Aim of the task: What lines of the material below hold the string "provincies"? Copy them out.

Data for analysis:
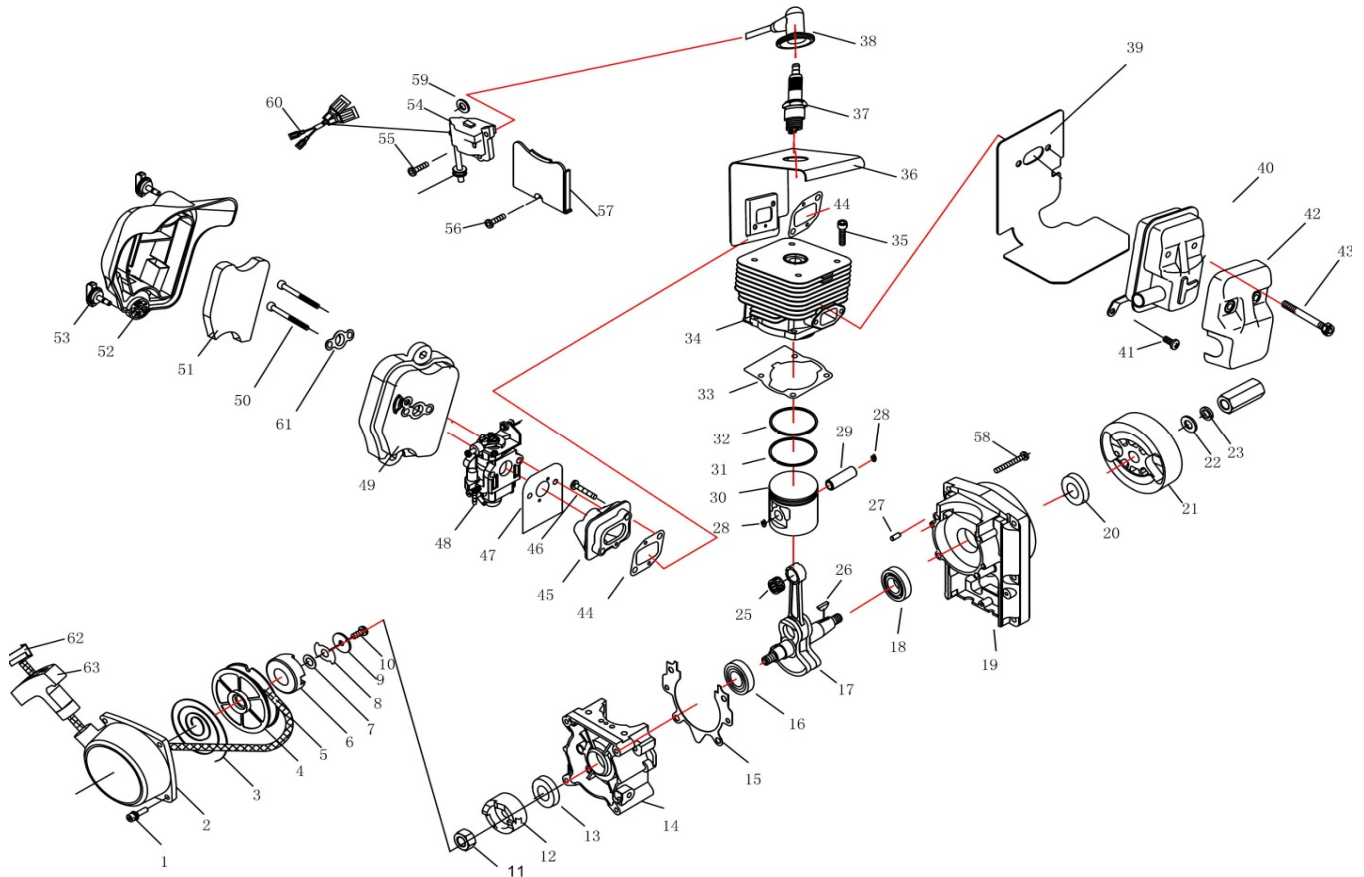

DM 14 PE - ENGINE

No	Code	Name	Qty	No	Code	Name	Qty
1		Screw M5X18	4	25	013538	Bearing	1
2	010811	Case	1	26	032478	Key 3x5x13	1
3		Spring	1	27		4h8x10	1
4		Pulley	1	28	032066	Ring	2
5		Rope	1	29	013540	Piston Pin	1
6		Start wheel	1	30	037775	Piston	1
7		Washer	1	31	013541	Piston Ring	1
8		Guide slice	1	32		Piston Ring	1
9		Washer	1	33	013495	Gasket	1
10		Screw	1	34	037776	Cylinder	1
11			Nut	1	35		Screw M5X20
12	032513	Ratchet	1	36		Mantle	1
13	010860	Oil-seal	2	37	010866	Spark Plug	1
14	037771	Crank Case	1	38		Plug Cap Ass.	1
15	013532	Gasket	1	39	037778	Gasket	1
16	010771	Bearing 6202/P6	1	40	037779	Muffler	1
17	037772	Crank Shaft	1	41		Screw M5x12	1
18	010771	Bearing 6202/P6	1	42	037780	Muffler Shield	2
19	037773	Crank Case	1	43		Screw M6x60-12.9	2
20	020855	Oil-seal	1	44	013504	Gasket	2
21	037774	Fly Wheel	1	45	039665	Admitting Pipe	1
22		Washer	1	46		Screw	2
23		Washer	1	47	037781	Gasket	1
24		Long nut	1	48	039666	Carburetor	1
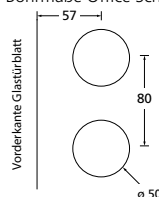

ZUBEHÖR

Bohrmaße Glastürschloss

Bohrmaße Office Schloss

Bohrmaße 3-teiliges Band

**GLASTÜRSETS:** Glastürschloss inkl. 3-tlg. Glastürbändern und Rahmenteile für Holzargen.

**STANDFLÜGELSETS:** Gegenkasten inkl. 3-tlg. Glastürbändern, Rahmenteile für Holzargen und Türfeststeller. Auch mit anderen Drückern kombinierbar.
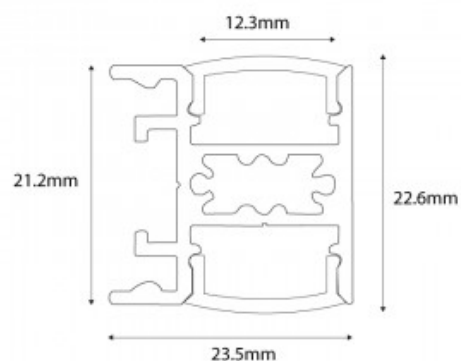

## Profilo in alluminio per striscia LED doppia 23,5x22,6 mm (2 m)

### Ref. BPERFALP196

Il profilo in alluminio lungo 2 m, per l'illuminazione su entrambi i lati, è un accessorio da parete molto utile per le nostre strisce LED . Perfetto per illuminare ed evidenziare elementi come quadri, sculture, oggetti appesi, letti, scrivanie, pareti, ecc. Sono ideali, ad esempio, per musei e gallerie d'arte, salotti, camere da letto, studi, ecc. La loro incorporazione crea spazi minimalisti e moderni. Possono essere utilizzati anche come elemento decorativo o come illuminazione indiretta su pareti vuote. 23,5x22,6 mm Cappellini di riferimento BTPEC196 e graffette di riferimento BGMC196\*\*Capsule, clip e strisce LED non incluse (vedi sotto nei prodotti correlati)\*\*.

### Dati del prodotto

Dimensioni (mm) LxIxh	23,5x22,6 mm
Materiale	Alluminio
Uso esterno	No
IP	IP20
Garanzia	Secondo garanzia legale: 3 anni
Montaggio	Superficie
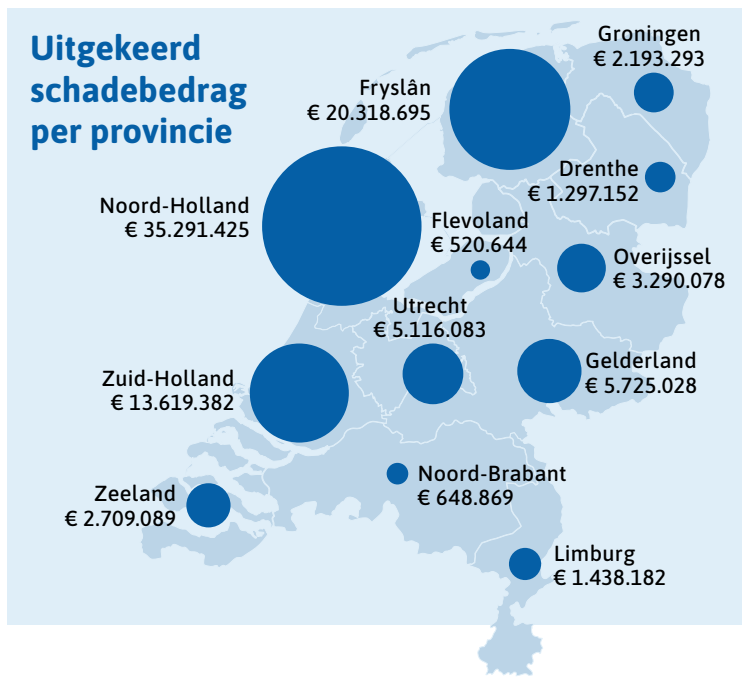

Cijfers faunaschade 2025

Dit zijn de cijfers van tegemoetkomingen in schade die BIJ12 in het schadejaar 2025 namens de provincies heeft uitgekeerd. Het schadejaar loopt van 1 november 2024 tot en met 31 oktober 2025.

Totaal uitgekeerde tegemoetkomingen in 2025 door provincies: **€ 92.167.920**

Solution to the problem:
Dit zijn de cijfers van tegemoetkomingen in schade die BIJ12 in het schadejaar 2025 namens de provincies heeft uitgekeerd. Het schadejaar loopt van 1 november 2024 tot en met 31 oktober 2025.
Totaal uitgekeerde tegemoetkomingen in 2025 door provincies: **€ 92.167.920**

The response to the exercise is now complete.